Des autorités en eaux troubles

Si face aux déclarations très affirmatives de la plupart des membres du gouvernement, la position du COSV peut sembler surprenante, plusieurs scientifiques avaient déjà fait part de leur doute sur l’efficacité et/ou la pertinence d’une quatrième dose, tels Antoine Flahault ou le Pr Elisabeth Bouvet, de la Haute autorité de Santé (HAS).

Bien sûr, il n’est pas impossible que, comme il a déjà eu l’occasion de le faire avec la HAS ou le Comité consultatif national d’éthique, le gouvernement passe outre.
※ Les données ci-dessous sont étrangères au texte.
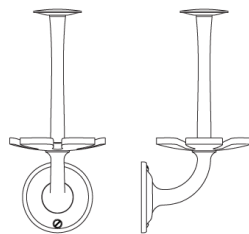

AQ-GG-22.01

The Georgian toothbrush and tumbler holder, based on an antique design, holds up to five toothbrushes. A boss raised by a cove fixes the elegantly curved holder to the arched post, which in turn is secured by a reeded backplate. The tumbler rests inverted above the toothbrush holder, covering the toothbrush heads yet allowing enough airflow to prevent moisture buildup. A comprehensive suite of aesthetically related bath hardware is also available, including towel rings, robe hooks, and glass towel rods, as are twelve Nanz plated and patinated finishes.

Height: 7-1/8"
Projection: 3-1/2"
Backplate: 2-1/4"
Collection: Georgian
Collection: Georgian

NEW YORK BOSTON CHICAGO MIAMI LOS ANGELES SAN FRANCISCO LONDON

THE NANZ COMPANY 121 VARICK STREET NEW YORK NY 10013 212 367 7000 NANZ.COM

En tout état de cause, la France est loin d’être le seul pays où la question de cette quatrième dose suscite des tergiversations et des décalages entre autorités politiques et scientifiques. En Israël, cette phase d’incertitudes qui dure depuis la mi-décembre persiste. Ainsi, si hier le conseil supérieur médical du ministère de la santé a préconisé l’administration d’une quatrième dose à l’ensemble des adultes, pour l’heure le directeur du ministère de la Santé Nachaman Ash n’a élargi l’indication actuelle (qui concerne les soignants et les plus de 60 ans) qu’aux personnes à risque. Aujourd’hui, sur les 9,4 millions d’habitants, 614 953 ont reçu un second rappel.